なお、前記開口の横断面とは、開口端部における管の中心軸と垂直な面であって、開口端部の端面を含む面である。また、端面が中心軸と垂直な平面でない場合は、開口端部における管の中心軸と垂直な面であって、管の外表面及び内表面と交わり、且つ管の端面とは交わらない面の内で、開口端部に最も近い面を開口の横断面という。
【0030】
固体電解質材料としては、蛍石型の結晶構造を取るものとして、イットリア安定化ジルコニア(8YSZ)又はイットリア部分安定化ジルコニア(3YSZ)の他に、スカンジアで安定化した上、セリアもしくはアルミナがドープされたジルコニア(ScSZ)、あるいは、ガドリニウムもしくはサマリウムをドープしたセリア(GDC、SDC)などがあげられる。またペロブスカイト型結晶構造としてはストロンチウムやマグネシウムあるいはコバルトなどをドープしたランタンガレート(LSGM、LSGMC)などを使用することもできる。またその他の種類のものであっても酸素イオン導電性を有するセラミックスであれば使用することができる。
また、ある種のペロブスカイト系組成物などにみられるプロトン導電性のある電解質であっても、本発明の趣旨をそこなうものではない。

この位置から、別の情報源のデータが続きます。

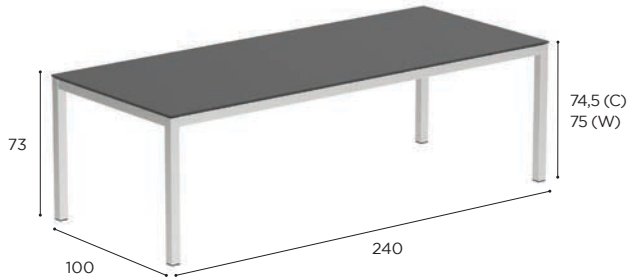

TABOELA SPECIFICATIONS

STANDARD / LIMITED / ON REQUEST

TABLE	
REF:	TBL 240...
WEIGHT:	C: 84 kg
INFO:	ASSEMBLING NEEDED

		BRUSHED STAINLESS STEEL	ELECTROPOLISHED STAINLESS STEEL	COATED STAINLESS STEEL					
		SS	EP	W	PB	S	BR	A	
CERAMIC	WU	TBL 240 CWU € 3.499	TBL 240 CEPWU € 3.999	TBL 240 CWWU € 3.499	TBL 240 CPBWU € 3.699	TBL 240 CSWU € 3.699	TBL 240 CBRWU € 3.699	TBL 240 CAWU € 3.499	
	TR	TBL 240 CTR € 3.499	TBL 240 CEPTR € 3.999	TBL 240 CWTR € 3.499	TBL 240 CPBTR € 3.699	TBL 240 CSTR € 3.699	TBL 240 CBRTR € 3.699	TBL 240 CATR € 3.499	
	TG	TBL 240 CTG € 3.149	TBL 240 CEPTG € 3.649	TBL 240 CWTG € 3.149	TBL 240 CPBTG € 3.349	TBL 240 CSTG € 3.349	TBL 240 CBRTG € 3.349	TBL 240 CATG € 3.149	
	PG	TBL 240 CPG € 3.499	TBL 240 CEP PG € 3.999	TBL 240 CWP G € 3.499	TBL 240 CPBPG € 3.699	TBL 240 CSPG € 3.699	TBL 240 CBRPG € 3.699	TBL 240 CAPG € 3.499	
	ZU	TBL 240 CZU € 3.499	TBL 240 CEPZU € 3.999	TBL 240 CWZU € 3.499	TBL 240 CPBZU € 3.699	TBL 240 CSZU € 3.699	TBL 240 CBRZU € 3.699	TBL 240 CAZU € 3.499	
	BS	TBL 240 CBS € 4.099	TBL 240 CEPBS € 4.599	TBL 240 CWBS € 4.099	TBL 240 CPBBS € 4.299	TBL 240 CSBS € 4.299	TBL 240 CBRBS € 4.299	TBL 240 CABS € 4.099	
	CL	TBL 240 CCL € 4.399	TBL 240 CEPCL € 4.899	TBL 240 CWCL € 4.399	TBL 240 CPBCL € 4.599	TBL 240 CSCL € 4.599	TBL 240 CBRCL € 4.599	TBL 240 CACL € 4.399	
	TS	TBL 240 CTS € 4.399	TBL 240 CEPTS € 4.899	TBL 240 CWTS € 4.399	TBL 240 CPBTS € 4.599	TBL 240 CSTS € 4.599	TBL 240 CBRTS € 4.599	TBL 240 CATS € 4.399	
	TM	TBL 240 CTM € 4.399	TBL 240 CEPTM € 4.899	TBL 240 CWTM € 4.399	TBL 240 CPBTM € 4.599	TBL 240 CSTM € 4.599	TBL 240 CBRTM € 4.599	TBL 240 CATM € 4.399	
	CD	TBL 240 CCD € 4.399	TBL 240 CEP CD € 4.899	TBL 240 CWCD € 4.399	TBL 240 CPBCD € 4.599	TBL 240 CSCD € 4.599	TBL 240 CBRCD € 4.599	TBL 240 CACD € 4.399	
	NM	TBL 240 CNM € 4.999	TBL 240 CEPNM € 5.499	TBL 240 CWNM € 4.999	TBL 240 CPBNM € 5.199	TBL 240 CSNM € 5.199	TBL 240 CBRNM € 5.199	TBL 240 CANM € 4.999	
	TEAK	W	TBL 240 W € 3.399	TBL 240 WEP € 3.899	TBL 240 WW € 3.399	TBL 240 WPB € 3.599	TBL 240 WS € 3.599	TBL 240 WBR € 3.599	TBL 240 WA € 3.399

TABLE	
REF:	TBL 300...
WEIGHT:	C: 124 kg
INFO:	ASSEMBLING NEEDED

この電解質は、原則として緻密に焼上げたものが良いが、特殊なリアクターとして使用する場合に於いては通気性を有する多孔体となっていてもかまわない。
【0031】
前記第1の電極と前記第2の電極は前記管状の固体電解質材料を挟むように、固体電解質材料の管内表面と管外表面に形成されている。なお、第1の電極を空気極、第2の電極を燃料極として使用しても。若しくは、第1の電極を燃料極、第2の電極を空気極として使用してもよい。
【0032】
前記空気極の材料は、酸化剤ガスの反応の触媒となる物質であればよい。また、空気極の材料は酸化雰囲気でも導電性を有し、電解質との熱膨張係数が近似していることが望ましい。このような材料としては、例えば、Co、Fe、Cr、Mnなどの複合酸化物があげられる。前記複合酸化物としては、SSC;(Sm,Sr)CoO3、LSM;(La,Sr)MnO3、LSC;(La,Sr)CoO3、(La,Sr)(Fe,Co)O3、LNF;(LaNi0.6Fe0.4O3)、(La,Ca)MnO3などがある。また、Pt、Ag、Pdなどの金属を用いることも可能である。
また、上記材料により形成される空気極は、酸化剤ガスや反応生成物の通過を妨げない粗構造であることが望ましい。
【0033】
前記燃料極の材料は、燃料ガスの反応の触媒となる物質であればよい。また、燃料極の材料は、還元した際に導電性がでるものであって、電解質との熱膨張係数が近似していることが望ましい。このような材料としては、例えば、Ni、Fe、Co、Pt、Pd、Ru、Agなどの酸化物、これらの酸化物の混合物などがあげられる。また、前記酸化物もしくは前記混合物を前記固体電解質材料(3YSZ、8YSZ、ScSZ、GDC、SDC、LSGM)などと混合したサーメットを用いることもできる。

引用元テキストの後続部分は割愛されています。